I can feel the cogs of your mind over-heating. So, if you aren’t quite happy with this explanation, then watch the movie Thor. While it doesn’t provide any scientific explanation on lightning genesis whatsoever, Chris Hemsworth is so beautiful you will forget your intellectual torment immediately *swoon*

Guys… you can enjoy watching Natalie Portman at her career low. In a lab coat.

I know I did.

sexy natalie-portman-celebrity

Thunder, Contrary to Kindergarten Mythology, is Not God’s Fart

In spite of my illuminating explanations above – coupled with your homework to watch Thor – the exact physics of lightning generation are not entirely understood. Thunder, on the other hand, is and its explanation makes for a very interesting story. You may want to remember this so you can impress a future date with it…

When lightning tears out of a cloud, the air in the discharge channel heats up from ambient air temperature to a toasty 28,000°C or 50,000°F. That’s approximately five times hotter than the surface of our Sun. And all of this happens in as little as 90 microseconds. I know, right? A yawning chasm of a time denomination.

The problem is, you can’t heat anything up from 10°C to 28,000°C in this short amount of time without some kind of catastrophic consequence. So when lightning shows the ill social etiquette of doing so, the air expands violently, generating a shockwave that explodes outwards from the discharge channel. This shockwave travels faster than the speed of sound – it’s supersonic – so we can’t actually hear it. Dogs probably could, but you’ll have to ask one to be certain.

With distance from the discharge channel, this shockwave slows down and as it does it falls within our audio range.
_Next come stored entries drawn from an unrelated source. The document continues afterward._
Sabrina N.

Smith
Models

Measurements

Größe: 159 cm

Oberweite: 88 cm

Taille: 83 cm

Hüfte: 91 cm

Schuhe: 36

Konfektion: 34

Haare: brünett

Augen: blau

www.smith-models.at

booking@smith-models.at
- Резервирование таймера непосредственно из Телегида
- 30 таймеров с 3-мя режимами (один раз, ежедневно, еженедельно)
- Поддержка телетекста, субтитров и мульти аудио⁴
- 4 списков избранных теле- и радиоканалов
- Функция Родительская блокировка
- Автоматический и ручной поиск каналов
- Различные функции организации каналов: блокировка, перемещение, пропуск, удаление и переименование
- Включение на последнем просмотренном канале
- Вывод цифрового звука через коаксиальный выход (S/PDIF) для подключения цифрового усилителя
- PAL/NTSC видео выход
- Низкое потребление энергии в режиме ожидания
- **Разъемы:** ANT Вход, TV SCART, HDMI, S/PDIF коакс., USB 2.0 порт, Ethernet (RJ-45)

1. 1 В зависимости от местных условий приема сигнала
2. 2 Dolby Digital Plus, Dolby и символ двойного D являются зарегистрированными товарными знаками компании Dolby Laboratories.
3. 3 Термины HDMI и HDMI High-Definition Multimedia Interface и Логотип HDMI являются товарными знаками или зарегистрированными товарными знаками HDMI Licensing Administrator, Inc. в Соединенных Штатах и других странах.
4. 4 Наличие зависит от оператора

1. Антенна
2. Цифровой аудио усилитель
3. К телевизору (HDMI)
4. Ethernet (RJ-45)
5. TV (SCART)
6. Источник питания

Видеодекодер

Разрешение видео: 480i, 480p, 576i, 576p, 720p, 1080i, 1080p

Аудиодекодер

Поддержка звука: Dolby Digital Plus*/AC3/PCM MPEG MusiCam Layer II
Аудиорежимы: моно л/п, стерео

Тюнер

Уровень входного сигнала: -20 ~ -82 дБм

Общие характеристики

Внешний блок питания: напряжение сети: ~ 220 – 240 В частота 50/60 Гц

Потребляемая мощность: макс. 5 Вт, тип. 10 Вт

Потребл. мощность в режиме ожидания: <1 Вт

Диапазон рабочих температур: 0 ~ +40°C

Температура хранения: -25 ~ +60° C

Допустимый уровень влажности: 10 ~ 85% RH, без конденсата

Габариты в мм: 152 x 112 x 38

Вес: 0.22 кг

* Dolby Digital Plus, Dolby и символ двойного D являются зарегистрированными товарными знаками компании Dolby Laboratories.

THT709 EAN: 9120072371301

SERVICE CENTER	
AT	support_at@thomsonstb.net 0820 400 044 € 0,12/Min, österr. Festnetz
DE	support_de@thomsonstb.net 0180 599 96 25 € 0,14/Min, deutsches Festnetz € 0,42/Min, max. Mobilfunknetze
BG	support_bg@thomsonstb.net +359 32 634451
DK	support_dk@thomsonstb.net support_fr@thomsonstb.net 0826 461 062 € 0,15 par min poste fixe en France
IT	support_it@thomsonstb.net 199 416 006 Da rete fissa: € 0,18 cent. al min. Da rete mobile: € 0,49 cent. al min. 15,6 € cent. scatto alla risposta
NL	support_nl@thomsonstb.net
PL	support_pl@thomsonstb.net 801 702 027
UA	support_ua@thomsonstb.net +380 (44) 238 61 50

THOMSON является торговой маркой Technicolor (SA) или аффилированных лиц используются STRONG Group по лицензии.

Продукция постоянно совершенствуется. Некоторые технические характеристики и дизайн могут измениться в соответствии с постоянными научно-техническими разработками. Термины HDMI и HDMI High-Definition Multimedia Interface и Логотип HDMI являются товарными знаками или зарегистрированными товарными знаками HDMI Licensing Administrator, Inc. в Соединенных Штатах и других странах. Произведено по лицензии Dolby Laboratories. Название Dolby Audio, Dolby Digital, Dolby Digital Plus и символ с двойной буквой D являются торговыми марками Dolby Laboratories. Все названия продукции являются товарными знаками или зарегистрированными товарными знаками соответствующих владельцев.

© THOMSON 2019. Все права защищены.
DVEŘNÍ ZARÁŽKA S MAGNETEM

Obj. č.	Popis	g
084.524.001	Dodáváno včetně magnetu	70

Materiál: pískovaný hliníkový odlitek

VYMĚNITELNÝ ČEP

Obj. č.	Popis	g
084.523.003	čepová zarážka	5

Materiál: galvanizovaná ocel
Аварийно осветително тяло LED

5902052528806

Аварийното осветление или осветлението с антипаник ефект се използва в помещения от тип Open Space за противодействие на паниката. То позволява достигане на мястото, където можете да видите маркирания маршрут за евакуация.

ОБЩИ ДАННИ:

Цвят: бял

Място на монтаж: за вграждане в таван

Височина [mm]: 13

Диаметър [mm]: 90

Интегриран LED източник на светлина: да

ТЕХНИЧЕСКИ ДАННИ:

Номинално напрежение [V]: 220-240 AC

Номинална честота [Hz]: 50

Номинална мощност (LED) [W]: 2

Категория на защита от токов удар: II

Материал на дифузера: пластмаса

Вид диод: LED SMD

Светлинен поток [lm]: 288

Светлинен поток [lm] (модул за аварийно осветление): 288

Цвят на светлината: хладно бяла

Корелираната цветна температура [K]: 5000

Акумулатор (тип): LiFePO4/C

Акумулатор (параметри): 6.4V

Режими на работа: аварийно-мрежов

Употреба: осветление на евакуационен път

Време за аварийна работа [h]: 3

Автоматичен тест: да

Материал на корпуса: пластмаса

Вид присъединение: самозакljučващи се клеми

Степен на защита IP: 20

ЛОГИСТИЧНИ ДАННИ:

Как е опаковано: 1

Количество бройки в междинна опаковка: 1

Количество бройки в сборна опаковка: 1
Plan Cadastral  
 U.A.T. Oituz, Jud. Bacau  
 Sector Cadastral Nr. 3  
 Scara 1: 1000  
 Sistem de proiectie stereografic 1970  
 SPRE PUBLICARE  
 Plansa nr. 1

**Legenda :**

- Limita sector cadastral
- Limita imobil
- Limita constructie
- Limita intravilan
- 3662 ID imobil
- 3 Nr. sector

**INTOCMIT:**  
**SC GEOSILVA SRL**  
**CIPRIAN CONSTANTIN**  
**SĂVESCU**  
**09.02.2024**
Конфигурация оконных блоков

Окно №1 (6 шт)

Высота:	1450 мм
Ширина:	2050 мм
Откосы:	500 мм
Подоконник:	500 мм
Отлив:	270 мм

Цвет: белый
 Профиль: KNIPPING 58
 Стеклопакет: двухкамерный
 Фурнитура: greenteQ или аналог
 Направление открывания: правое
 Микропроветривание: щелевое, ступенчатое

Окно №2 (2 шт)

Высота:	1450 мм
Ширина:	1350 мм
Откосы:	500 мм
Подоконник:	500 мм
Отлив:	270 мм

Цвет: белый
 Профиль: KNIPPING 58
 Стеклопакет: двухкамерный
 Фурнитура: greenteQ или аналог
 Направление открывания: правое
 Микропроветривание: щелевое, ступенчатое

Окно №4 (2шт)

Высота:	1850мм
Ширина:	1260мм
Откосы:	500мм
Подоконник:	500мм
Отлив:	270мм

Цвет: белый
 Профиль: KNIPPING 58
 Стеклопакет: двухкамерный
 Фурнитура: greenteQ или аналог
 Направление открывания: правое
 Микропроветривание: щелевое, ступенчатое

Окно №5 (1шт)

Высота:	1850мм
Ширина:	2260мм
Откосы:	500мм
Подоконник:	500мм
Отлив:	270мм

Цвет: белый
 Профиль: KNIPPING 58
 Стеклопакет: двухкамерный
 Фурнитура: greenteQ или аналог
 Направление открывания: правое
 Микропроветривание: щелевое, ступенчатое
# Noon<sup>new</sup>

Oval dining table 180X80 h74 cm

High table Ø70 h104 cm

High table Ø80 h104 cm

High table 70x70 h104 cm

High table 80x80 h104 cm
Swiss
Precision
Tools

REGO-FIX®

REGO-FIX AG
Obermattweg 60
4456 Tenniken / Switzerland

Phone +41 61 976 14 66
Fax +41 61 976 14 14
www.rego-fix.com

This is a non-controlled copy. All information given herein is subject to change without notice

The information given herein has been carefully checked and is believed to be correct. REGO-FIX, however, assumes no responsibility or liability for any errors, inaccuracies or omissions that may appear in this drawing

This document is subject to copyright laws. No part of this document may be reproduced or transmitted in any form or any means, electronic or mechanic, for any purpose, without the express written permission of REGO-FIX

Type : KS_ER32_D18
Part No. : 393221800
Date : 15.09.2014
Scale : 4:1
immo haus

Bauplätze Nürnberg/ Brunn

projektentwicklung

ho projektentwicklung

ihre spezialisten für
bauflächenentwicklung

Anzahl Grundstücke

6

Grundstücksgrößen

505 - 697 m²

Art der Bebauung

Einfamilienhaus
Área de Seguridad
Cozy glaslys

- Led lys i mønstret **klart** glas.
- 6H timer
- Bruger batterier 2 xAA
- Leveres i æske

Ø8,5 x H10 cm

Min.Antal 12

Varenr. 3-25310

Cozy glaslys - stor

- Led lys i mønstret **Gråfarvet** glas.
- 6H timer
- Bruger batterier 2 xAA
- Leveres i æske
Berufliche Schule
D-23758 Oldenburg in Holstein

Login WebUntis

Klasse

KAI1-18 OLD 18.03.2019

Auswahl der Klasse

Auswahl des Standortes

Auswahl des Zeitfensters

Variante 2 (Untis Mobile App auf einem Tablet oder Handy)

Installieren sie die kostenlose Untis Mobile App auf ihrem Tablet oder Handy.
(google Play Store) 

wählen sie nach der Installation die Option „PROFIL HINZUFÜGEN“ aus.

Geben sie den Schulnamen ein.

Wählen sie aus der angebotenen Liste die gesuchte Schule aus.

That’s when we hear thunder. I have heard that if you stand close enough to lightning you won’t actually hear it, because the shockwave is supersonic. While this makes sense in theory, human trials are pending. It also explains why, when a storm is very close, the lightning makes a sharp cracking explosive sound while, when further away, you hear the thunder as a low sexy rumble.

Lightning thunderstorm picture 5

Class Dismissed: Your Take-Home Message

More people die of lightning injuries in Florida than anywhere else in America and perhaps even the world. While I’m aware that they have an amazing water world playground at their feet, they also have the highest lightning strike density in the entirety of the United States. Perhaps y’all should bear that in mind the next time you go wind surfing in an electrical storm.

Regardless of where you live, however, if you value your life then don’t swim, don’t bath, don’t chat on a land line, don’t play golf, don’t stand under a tree and don’t go running around like Julie Andrews in a thunderstorm. Otherwise, it won’t just be music the hills are alive with.

Oh, and enjoy the show! Isn’t nature spectacular?